* **ABOUT THIS EXERCISE**
Every line in the data below that holds "Club" should be found and copied.
RECORDS SUPPLIED Start Marker
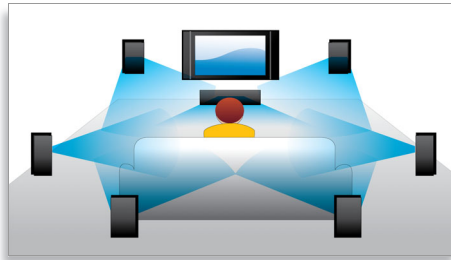

Dolby TrueHD e DTS HDMA

O DTS-HD Master Audio e Dolby TrueHD oferecem-lhe 7.1 canais do melhor som a partir dos seus discos Blu-ray. O som reproduzido é praticamente indistinguível do som de um estúdio de gravação, pelo que ouvirá exactamente o que os artistas tinham em mente. O DTS-HD Master Audio e Dolby TrueHD completam a sua experiência de entretenimento em alta definição.
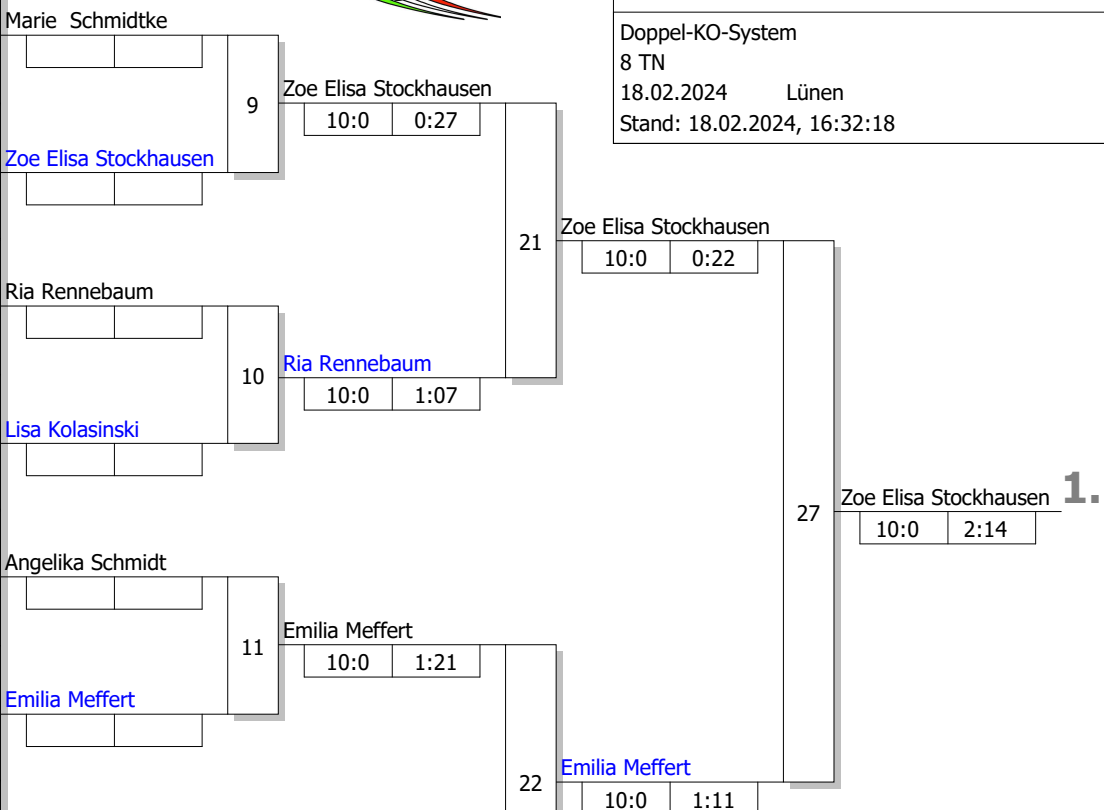

WdEM U21 und LET M/F

Frauen U21 -63 kg

Doppel-KO-System

8 TN

18.02.2024 Lünen

Stand: 18.02.2024, 16:32:18

Ergebnis

1.	Zoe Elisa Stockhausen	Judo-Club 71 Düsseldorf	NW
2.	Emilia Meffert	1. Judo-Club Mönchengladbach	NW
3.	Ria Rennebaum	TV Wickede	NW
3.	Marie Schmidtke	HLC-Höxter	NW
5.	Angelika Schmidt	Judo-Club 71 Düsseldorf	NW
5.	Tjorven Marie Althoff	TSC Eintracht Dortmund	NW
7.	Alexandra Rincheval	TV Salzkotten Abt. Judo	NW
7.	Lisa Kolasinski	JC Pelkum-Herringen	NW

Trostrunde, Verlierer aus Kampf

Legende

Hauptrunde, Los-Nr.

WdEM U21 und LET M/F

Frauen U21 -70 kg

Doppel-KO-System

7 TN

18.02.2024 Lünen
RECORDS SUPPLIED End Marker
* **SOLUTION TO THIS EXERCISE**
1.	Zoe Elisa Stockhausen	Judo-Club 71 Düsseldorf	NW
2.	Emilia Meffert	1. Judo-Club Mönchengladbach	NW
5.	Angelika Schmidt	Judo-Club 71 Düsseldorf	NW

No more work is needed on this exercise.